R v Crampton

JurisdictionEngland & Wales
Judgment Date16 November 1990
Date16 November 1990
CourtCourt of Appeal (Criminal Division)

Court of Appeal

Before Lord Justice Stuart-Smith, Mr Justice Tucker and Mr Justice Turner

Regina
and
Crampton

Criminal evidence - drug addict - fitness to be interviewed

Whether addict fit to be interviewed

Whether or not a drug addict undergoing withdrawal was fit to be interviewed in the sense that his answers could be relied on was a matter for those present at the time.

The Court of Appeal, Criminal Division so held in rejecting an appeal by Kenneth Crampton against his conviction on July 11, 1989 at Knightsbridge Crown Court (Judge Babbington and a jury) for permitting premises to be used for the supply of heroin and conspiracy to supply heroin, for which he was sentenced to four years imprisonment.

Mr David Batcup, instructed by the Registrar of Criminal Appeals, for the appellant; Mr Patrick Bucknell for the Crown.

LORD JUSTICE STUART-SMITH said that the appellant, a heroin addict, had made admissions at interview in the police station 19 hours after his arrest when he might have been undergoing withdrawal.

The defence contended that the confession was thereby rendered unreliable and should have been excluded by the trial judge either under section 76(2)(b) of the 1984 Act or through the exercise of his discretion under section 78.

The police had relied on their own judgment to determine whether he was fit to be interviewed.
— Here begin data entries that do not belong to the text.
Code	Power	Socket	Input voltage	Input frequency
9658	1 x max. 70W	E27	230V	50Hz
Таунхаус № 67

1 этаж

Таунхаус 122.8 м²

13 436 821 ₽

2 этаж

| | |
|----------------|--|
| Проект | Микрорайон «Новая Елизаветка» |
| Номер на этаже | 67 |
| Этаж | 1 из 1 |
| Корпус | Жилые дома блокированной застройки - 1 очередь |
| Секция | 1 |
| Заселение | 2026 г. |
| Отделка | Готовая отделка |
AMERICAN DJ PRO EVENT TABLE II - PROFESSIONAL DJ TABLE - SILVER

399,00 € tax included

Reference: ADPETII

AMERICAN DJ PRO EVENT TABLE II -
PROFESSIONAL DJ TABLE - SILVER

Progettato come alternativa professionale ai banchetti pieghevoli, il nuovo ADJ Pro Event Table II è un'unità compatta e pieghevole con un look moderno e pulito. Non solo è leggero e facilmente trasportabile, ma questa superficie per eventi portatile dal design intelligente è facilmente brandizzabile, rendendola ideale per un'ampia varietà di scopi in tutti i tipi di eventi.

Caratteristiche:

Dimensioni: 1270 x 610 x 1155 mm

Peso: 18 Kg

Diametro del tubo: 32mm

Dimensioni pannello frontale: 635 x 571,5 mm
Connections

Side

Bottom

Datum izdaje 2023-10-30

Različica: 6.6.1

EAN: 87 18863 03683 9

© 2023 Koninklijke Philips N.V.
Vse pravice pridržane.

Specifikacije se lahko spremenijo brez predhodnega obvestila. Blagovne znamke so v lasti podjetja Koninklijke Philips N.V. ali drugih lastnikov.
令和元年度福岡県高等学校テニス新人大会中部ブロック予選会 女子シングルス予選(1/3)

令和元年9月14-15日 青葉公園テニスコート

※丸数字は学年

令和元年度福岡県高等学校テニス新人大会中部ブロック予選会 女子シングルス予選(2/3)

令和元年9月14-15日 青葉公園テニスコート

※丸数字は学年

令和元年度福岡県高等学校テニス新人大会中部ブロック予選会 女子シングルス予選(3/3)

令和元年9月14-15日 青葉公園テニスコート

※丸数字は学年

They agreed that they would not have interviewed him if they had known he was withdrawing.

His Lordship distinguished R v GoldenbergUNK ((1988) 88 Cr App R 285) in which the appellant had requested the interview and the court held that nothing had been said or done in the terms of section 76(2)(b).
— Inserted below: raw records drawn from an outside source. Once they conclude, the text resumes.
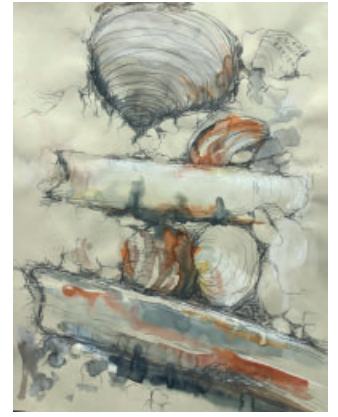

118 | MEERESBODEN V
50 x 65 cm 285,00 euro
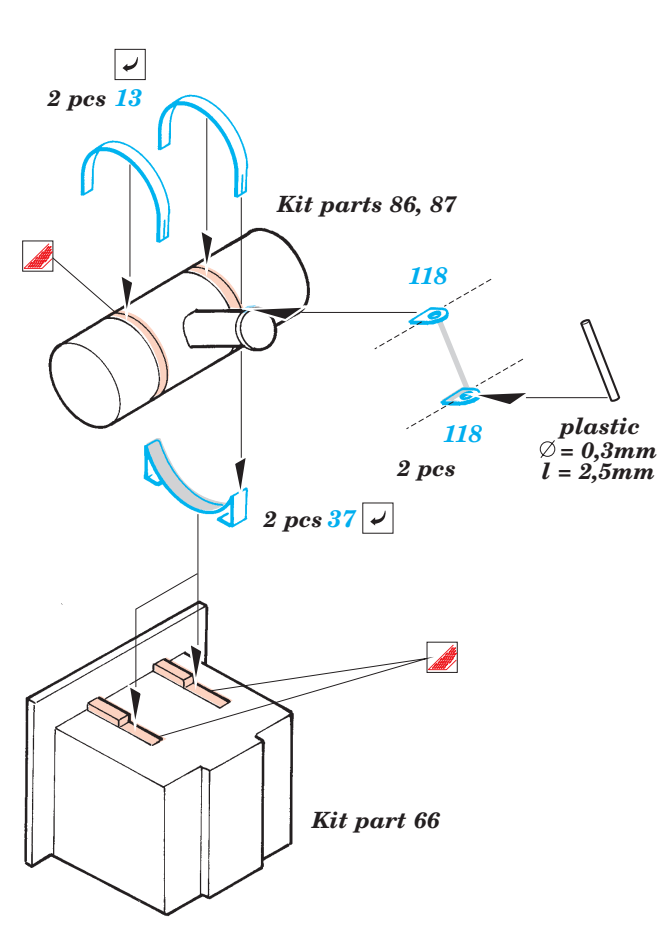

# Faun SLT 50

eduard

1/72 scale detail set for Revell No.03145 • sada detailů pro model 1/72 Revell 03145

22 125

- ★ APPLY EXPRESS MASK AND PAINT BEFORE GLUING  
POUŽIT EXPRESS MASK NABARVIT PŘED SLEPENÍM
- ☯ SYMMETRICAL ASSEMBLY  
SYMETRICKÁ MONTÁŽ
- ✂ REMOVE  
ODSTRANIT
- 🔪 GRIND  
OBROUSIT
- 🔧 DRILL HOLE  
VRTAT OTVOR
- ↩ BEND  
OHNOUT
- ❓ OPTION  
VOLBA
- Ⓜ REPLACE  
NAHRADIT

Film

ORIGINAL KIT PARTS  
PŮVODNÍ DÍLY STAVEBNICE

PHOTO-ETCHED PARTS  
LEPTANÉ DÍLY

PARTS TO BE REMOVED  
DÍLY K ODSTRANĚNÍ

FILL  
TMELIT

PASSENGER SEAT  
Kit part 26

DRIVE' SEAT  
Kit part 26

2 sets  
Kit part 27

2 sets  
Kit part 27

Kit part 107L

Kit part 107R

Kit part 105

plastic  
 $\varnothing = 0,5mm$   
 $l = 14,5mm$   
 Kit part 109L only

Kit part 118L

Kit part 118R

Kit part 109R

plastic  
 $\varnothing = 2mm$   
 $l = 0,5mm$   
 Kit part 22

Kit part 105

Kit part 111

Kit part 117

Kit part 116

Kit part 165

**REFERENCES:** Model Fan #8 / August 1999  
 Fahrzeug Profile #17  
 The Military Machine #2 / 1997
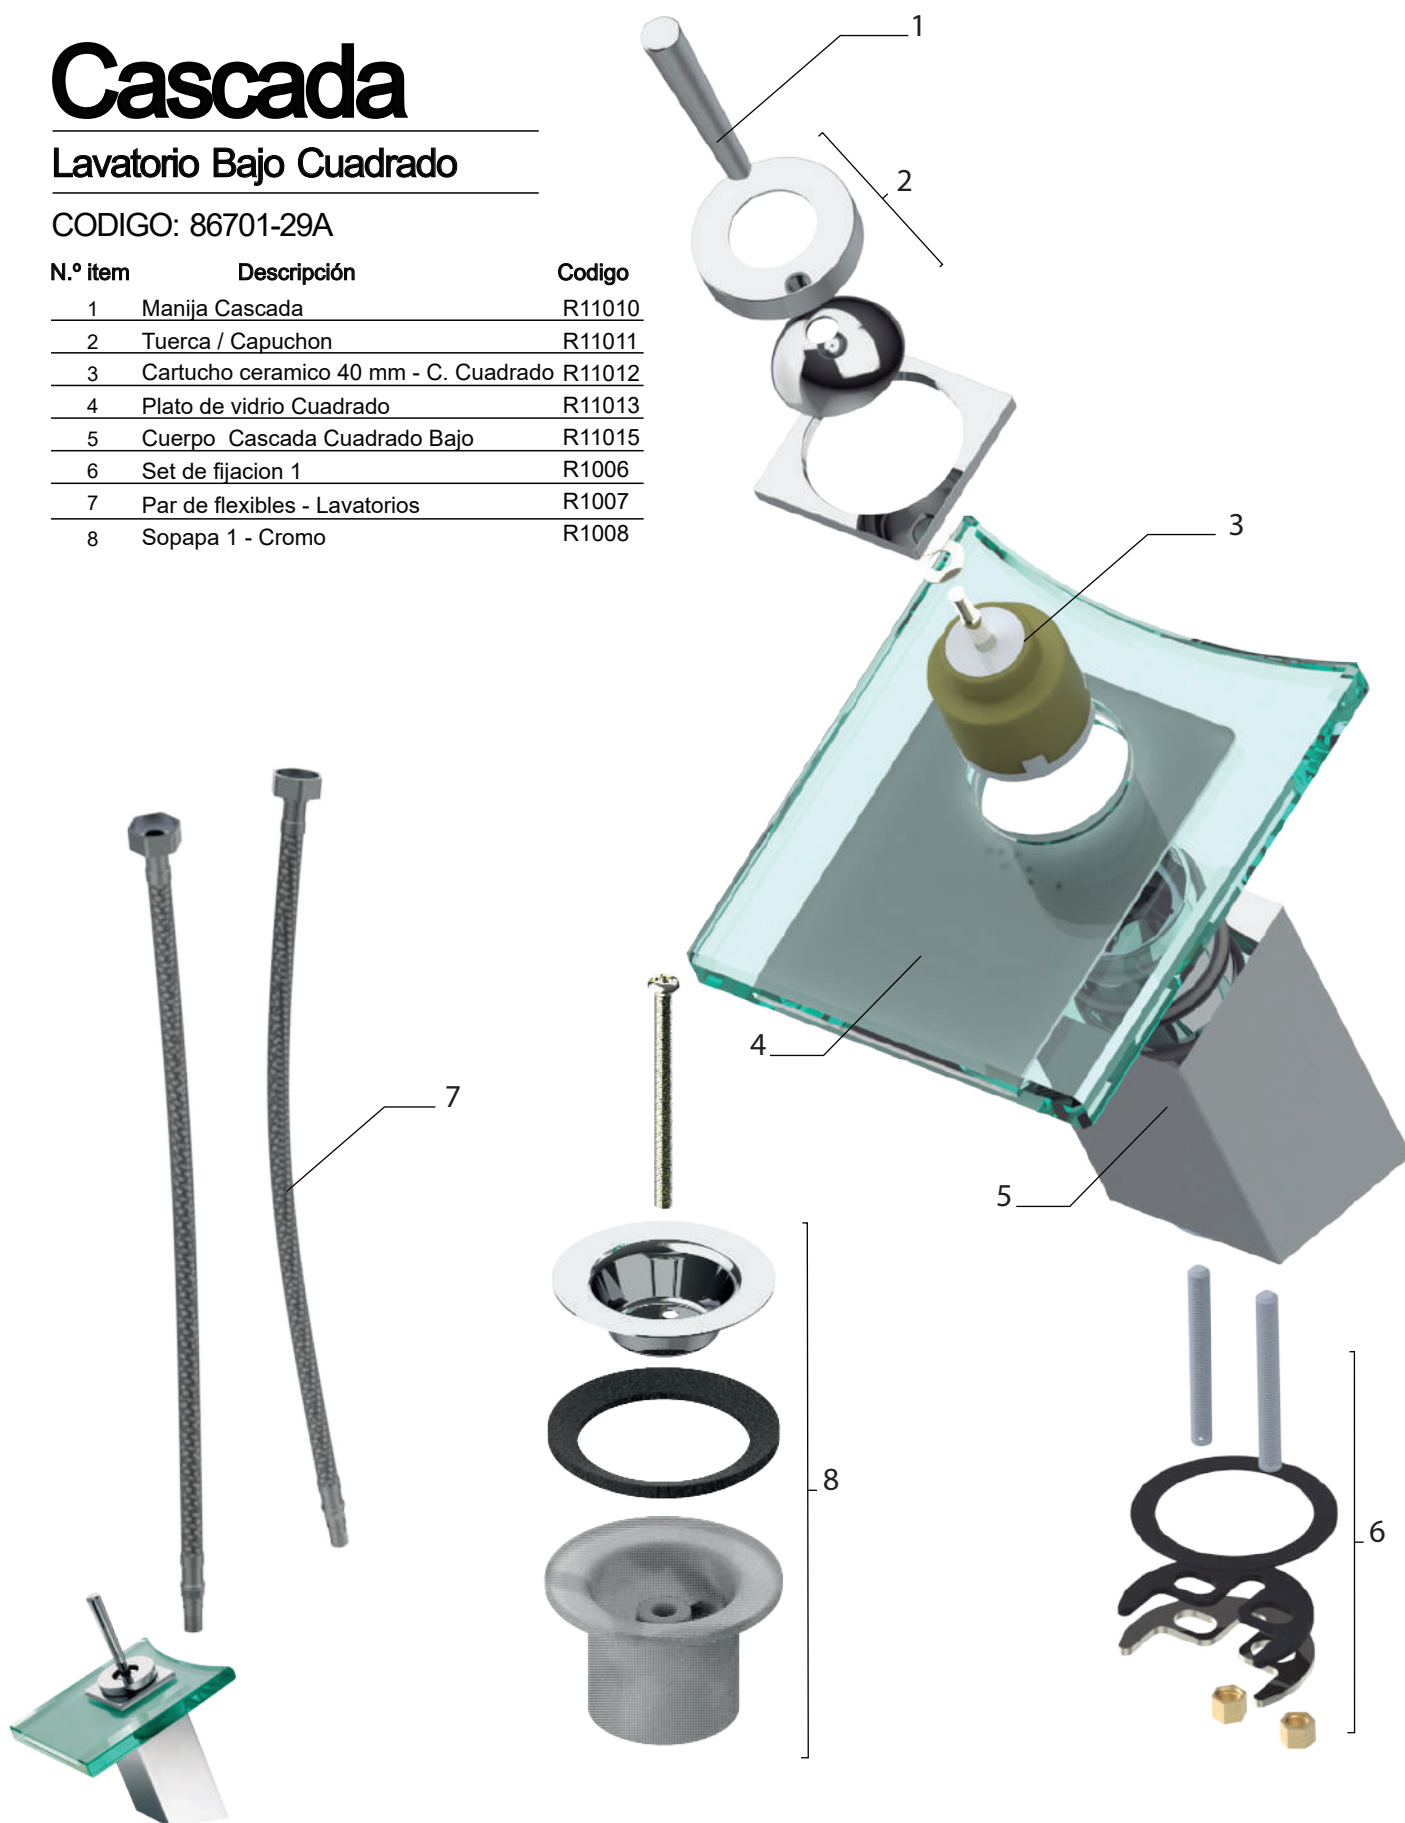

Cascada

Lavatorio Bajo Cuadrado

CODIGO: 86701-29A

N.º ítem	Descripción	Codigo
1	Manija Cascada	R11010
2	Tuerca / Capuchon	R11011
3	Cartucho ceramico 40 mm - C. Cuadrado	R11012
4	Plato de vidrio Cuadrado	R11013
5	Cuerpo Cascada Cuadrado Bajo	R11015
6	Set de fijacion 1	R1006
7	Par de flexibles - Lavatorios	R1007
8	Sopapa 1 - Cromo	R1008

Cascada

Lavatorio Alto Cuadrado

CODIGO: 86714-29A

N.º item	Descripción	Codigo
1	Manija Cascada	R11010
2	Tuerca / Capuchon	R11011
3	Cartucho ceramico 40 mm - C. Cuadrado	R11012
4	Plato de vidrio Cuadrado	R11013
5	Cuerpo Cascada Cuadrado alto	R11016
6	Set de fijacion 1	R1006
7	Par de flexibles - Lavatorios	R1007
8	Sopapa 1 - Cromo	R1008

It was in fact doubtful whether the mere holding of an interview at a time when the appellant was withdrawing was within section 76(2)(b), although for the appeal the court would assume that it was.

The words of the subsection seemed to postulate some words spoken by the police or some acts done by them which were likely to induce an unreliable confession.

The word "unreliable" meant "cannot be relied on as being the truth". The section was concerned with the nature and quality of the words spoken by the police or things done by them which were likely to render the confession unreliable in the sense that it was not true.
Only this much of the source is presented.